According to the story, "Two people told Reuters that the California attorney general’s office, which is reviewing the planned acquisition for potential violations of antitrust law, has also asked if the deal would mean more or bigger pharmacy deserts in the state … In urban areas, researchers defined a pharmacy desert as a neighborhood where people had to walk or take a bus more than a half mile to a pharmacy. In areas where people tended to drive, a neighborhood that was more than a mile from a pharmacy would be termed a pharmacy desert."

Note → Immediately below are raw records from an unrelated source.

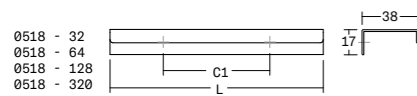

ANODIZADO MATE	MATT BLACK	STAINLESS STEEL LOOK	BRUSHED DARK BRASS	NEW! BRUSHED BRONZE	MATT WHITE	C1	C2	C3	L	W	H	±	☐
0518032L04	0518032L09	0518032L24	0518032L29	0518032L619	0518032LM1	32	-	-	50	38	17	2	25
0518064L04	0518064L09	0518064L24	0518064L29	0518064L619	0518064LM1	64	-	-	100	38	17	2	25
0518128L04	0518128L09	0518128L24	0518128L29	0518128L619	0518128LM1	128	-	-	200	38	17	2	25
0518320L04	0518320L09	0518320L24	0518320L29	0518320L619	0518320LM1	320	-	-	400	38	17	2	25
0518736L04	0518736L09	0518736L24	0518736L29	0518736L619	0518736LM1	736	368	-	800	38	17	3	25
05181056L04	05181056L09	05181056L24	05181056L29	05181056L619	05181056LM1	1056	-	352	1100	38	17	4	15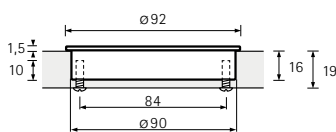

TOUCH-IN

Touch-in modular modular modulaire modulair

1. 1 Verchromt glanz
   Bright chrome plated
   Chromé brillant
   Verchromd glans

1. 2 Edelhstahl Optik gebürstet
   Brushed stainless-steel look
   Aspect inox brossé
   Roestvrij staal finish geborsteld

1. 1 Verchromt glanz
   Bright chrome plated
   Chromé brillant
   Verchromd glans

1. 2 Edelhstahl Optik gebürstet
   Brushed stainless-steel look
   Aspect inox brossé
   Roestvrij staal finish geborsteld

1	9 086 694	25	
2	9 086 693	25	

1	9 086 692	25	
2	9 086 691	25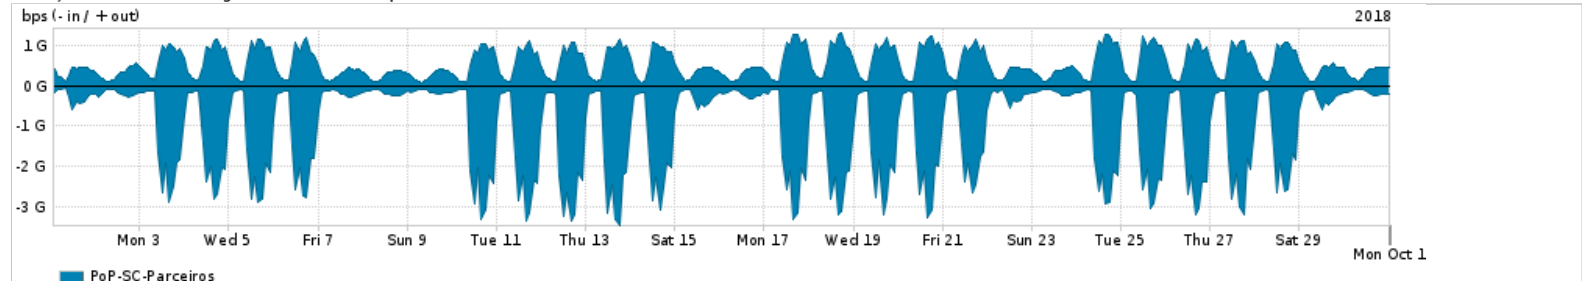

Os gráficos apresentados neste relatório de tráfego estão em formato stack, o que significa que seu valor é uma composição da soma dos componentes listados nas legendas localizadas logo abaixo dos gráficos. Os gráficos estão em "bps x tempo" e possuem dois eixos verticais, Out (positivo) e In (negativo).

A primeira coluna da tabela define o ponto de referência para entendimento dos valores de In e Out.  
A contabilização do tráfego é sob o ponto de vista do AS da RNP, AS1916.

**Legenda:**

- PoP - Ponto de presença da RNP
- Parceiros - Provedores comerciais que a RNP mantém acordos de troca de tráfego
- Internet Acadêmica - Acesso às redes acadêmicas internacionais, serviço atualmente provido pela RedClara
- Internet commodity - Acesso pago à Internet global que é oferecido pela RNP aos seus clientes
- ASN - Número do sistema autônomo
- Profile - Objeto gerenciável definido arbitrariamente no Peakflow através de diversos parâmetros (ex: bloco cidr, peer-as, as-path, bgp community, interface, etc)

**Utilização do serviço de Internet Commodity pelo PoP-SC**

Average | Max | PCT95

	PROFILE	PROFILE	IN	OUT	TOTAL
<input checked="" type="checkbox"/>	PoP-SC	Internet_Commodity	129.56 Mbps	70.89 Mbps	200.46 Mbps

**Utilização das trocas de tráfego comerciais no Brasil pelo PoP-SC**

Average | Max | PCT95

	PROFILE	PROFILE	IN	OUT	TOTAL
<input checked="" type="checkbox"/>	PoP-SC	Parceiros	1.04 Gbps	538.98 Mbps	1.58 Gbps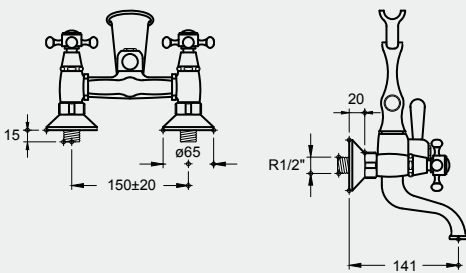

€

LAVATÓRIO

Misturadora bimando para lavatório 75.00

> com castelos 1/4 volta, VDA e flexíveis de alimentação

TGRL1101M0 (1,5 Kg)

€

BIDÉ

Misturadora bimando para bidé 81.00

> com castelos 1/4 volta, VDA e flexíveis de alimentação

TGRC1101M0 (1,4 Kg)

€

CHUVEIRO

Misturadora bimando para chuveiro 83.00

> com castelos 1/4 volta, chuveiro de mão, suporte e flexível

TGRD1101M0 (1,4 Kg)

€

BANHEIRA

Misturadora bimando para banheira 150.00

> com castelos 1/4 volta, chuveiro de mão, suporte e flexível

TGRB1101M0 (1,6 Kg)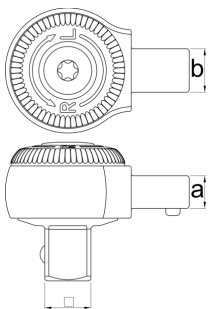

Glava sa čegrtaljkom za art. 266

266INS.1

Profili

					
628099	1/4" (9x12, 30Nm)	1/4"	1,5 - 30	9 x 12	69
628100	3/8" (9x12, 135Nm)	3/8"	6,8 - 135	9 x 12	153
628101	1/2" (9x12, 135Nm)	1/2"	6,8 - 135	9 x 12	156
628102	1/2" (14x18, 200Nm)	1/2"	10 - 200	14 x 18	310

* Fotografije proizvoda su simbolične. Sve dimenzije su u mm, a težina u gramima. Sve navedene dimenzije mogu odstupati u granicama tolerancija.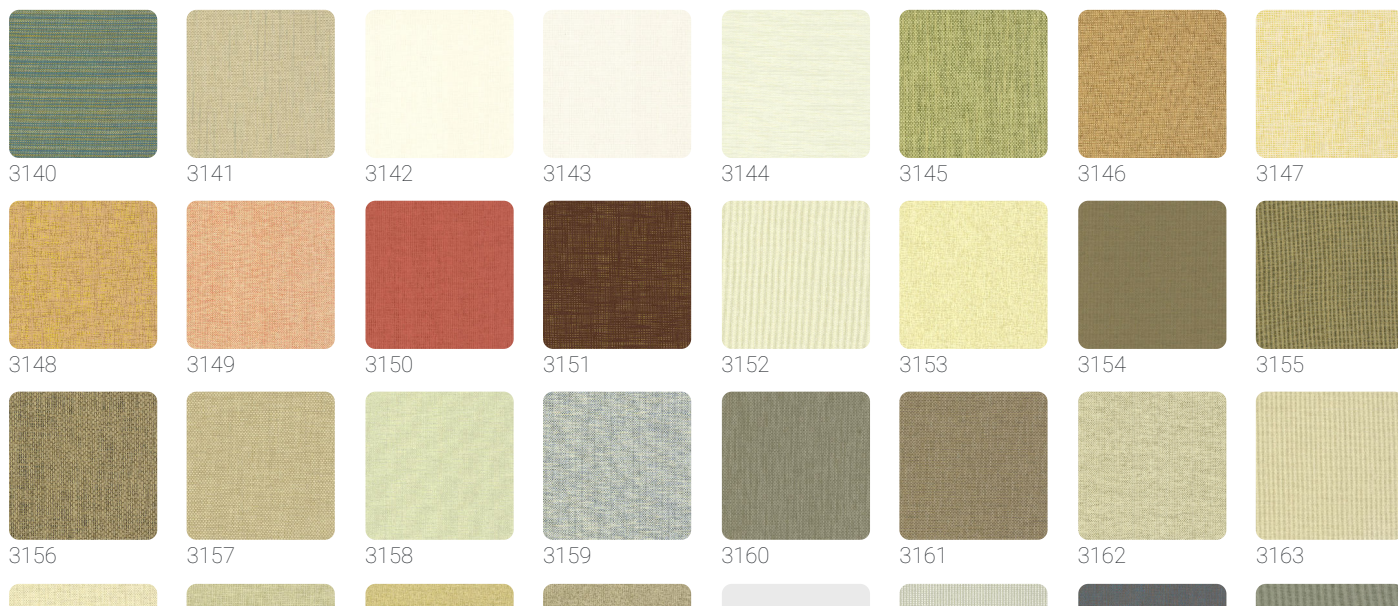

PAPER WEAVE

Collezione JV 454 OMNIA

Descrizione

Una ricca e preziosa raccolta di rivestimenti murali realizzati con le più esclusive e raffinate fibre naturali provenienti da tutto il mondo, disponibili in una straordinaria varietà di colorazioni: così si presenta la collezione JV454 OMNIA.

0,000 cm - 0,000 in

0,915 m - 3.001 ft

Colori (43)

Specifiche tecniche

Codice	3149
Larghezza	0,915 m - 3.001 ft
Lunghezza	1,00 m - 3.28 ft
Composizione	TESSUTO MURALE DI FIBRE VEGETALI
Supporto Base	TESSUTO NON TESSUTO
Unità di vendita	METRO LINEARE
Tipo rapporto	SENZA RAPPORTO
Grado di rimozione	STRIPPABILE
Applicazione su muro	COLLA A MURO
Colla consigliata	JV ADHESJVE CONTRACT SUPER STRONG

Reuters notes that "the deal, announced in October, would create a grocery chain with nearly 5,000 stores, although up to 650 may be sold to win approval for the transaction … A total of 2,254 Kroger-owned stores have pharmacies while some 1,700 Albertsons supermarkets have pharmacies, according to the companies’ websites."

The Reuters piece says that "a spokesperson for Kroger said that the company was working with antitrust enforcers to ensure that any stores that are sold to satisfy antitrust concerns would remain open and viable, including any stores with pharmacies.  'Post-transaction, Kroger will operate the pharmacies that are part of the Albertsons’ stores that it acquires,' the spokesperson said."

KC's View:

Kroger and Albertsons have pledged that stores won't be closed, that there will be no front-line layoffs, and that prices will be reduced over the long term.  They haven't carved out pharmaceuticals as being an exception to these promises, so now it is left to the Federal Trade Commission (FTC), state Attorneys General, and anybody else with a regulatory hammer to decide whether to accept the companies at their word.